*** Block opens ***

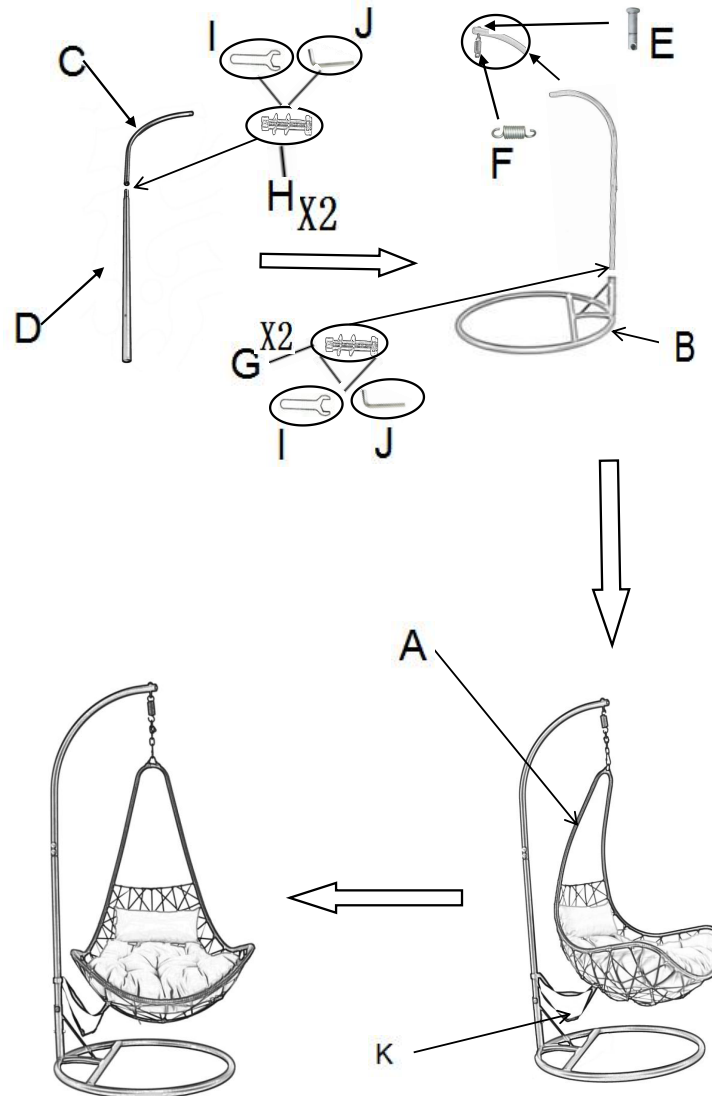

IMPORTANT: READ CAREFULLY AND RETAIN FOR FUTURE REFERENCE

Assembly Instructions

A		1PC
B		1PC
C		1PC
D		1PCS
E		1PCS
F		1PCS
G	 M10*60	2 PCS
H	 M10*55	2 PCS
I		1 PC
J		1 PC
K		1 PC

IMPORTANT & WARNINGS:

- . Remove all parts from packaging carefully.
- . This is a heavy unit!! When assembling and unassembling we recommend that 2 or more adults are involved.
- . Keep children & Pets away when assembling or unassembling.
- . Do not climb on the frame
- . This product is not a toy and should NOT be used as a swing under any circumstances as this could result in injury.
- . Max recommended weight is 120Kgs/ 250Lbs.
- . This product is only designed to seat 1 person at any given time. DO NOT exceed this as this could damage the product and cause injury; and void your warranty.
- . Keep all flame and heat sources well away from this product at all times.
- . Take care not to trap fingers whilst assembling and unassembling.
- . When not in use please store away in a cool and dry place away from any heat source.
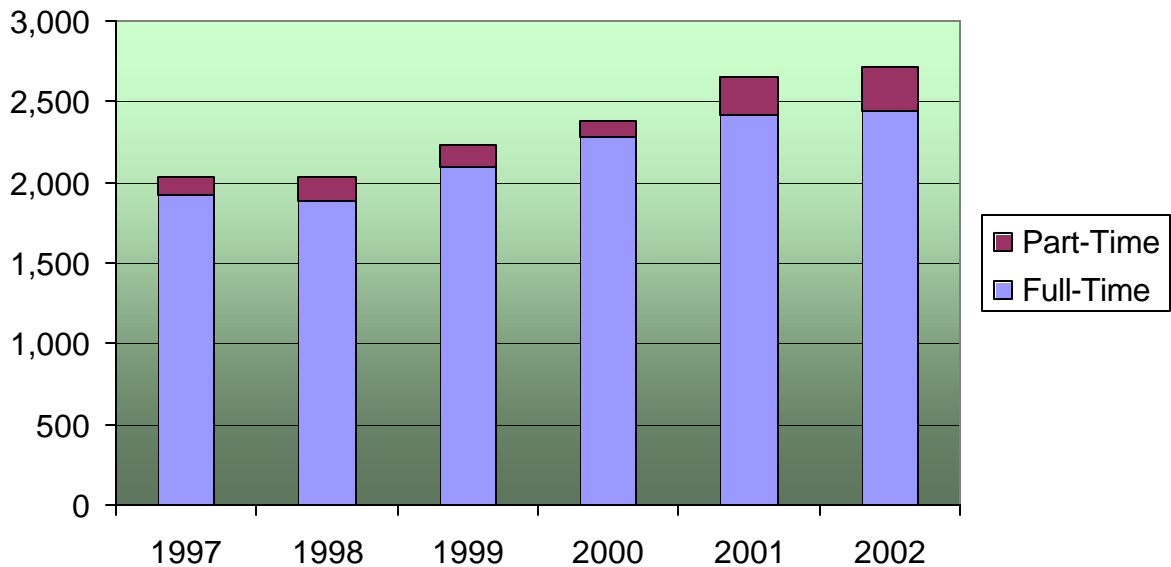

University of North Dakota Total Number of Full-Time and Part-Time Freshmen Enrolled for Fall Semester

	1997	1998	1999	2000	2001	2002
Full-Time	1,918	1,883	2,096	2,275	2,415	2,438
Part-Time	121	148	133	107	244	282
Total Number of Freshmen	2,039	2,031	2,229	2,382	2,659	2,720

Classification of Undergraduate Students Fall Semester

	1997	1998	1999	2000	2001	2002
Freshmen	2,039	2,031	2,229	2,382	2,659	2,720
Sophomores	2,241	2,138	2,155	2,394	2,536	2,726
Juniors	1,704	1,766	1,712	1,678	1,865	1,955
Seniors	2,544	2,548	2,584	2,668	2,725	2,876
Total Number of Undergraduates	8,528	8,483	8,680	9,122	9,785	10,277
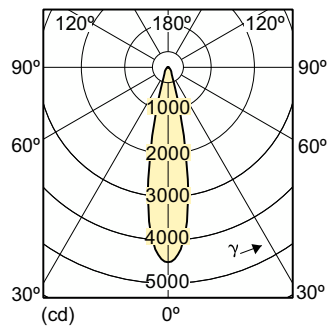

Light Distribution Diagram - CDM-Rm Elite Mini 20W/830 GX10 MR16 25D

*** Block closes ***

_PROBLEM STATEMENT_:
In the copy, include exactly the lines from the one with "Classification of Undergraduate" through the final line of the entries above, both ends counted, and no pictures.

_SOLVED PROBLEM_:
Classification of Undergraduate Students Fall Semester

	1997	1998	1999	2000	2001	2002
Freshmen	2,039	2,031	2,229	2,382	2,659	2,720
Sophomores	2,241	2,138	2,155	2,394	2,536	2,726
Juniors	1,704	1,766	1,712	1,678	1,865	1,955
Seniors	2,544	2,548	2,584	2,668	2,725	2,876
Total Number of Undergraduates	8,528	8,483	8,680	9,122	9,785	10,277

Light Distribution Diagram - CDM-Rm Elite Mini 20W/830 GX10 MR16 25D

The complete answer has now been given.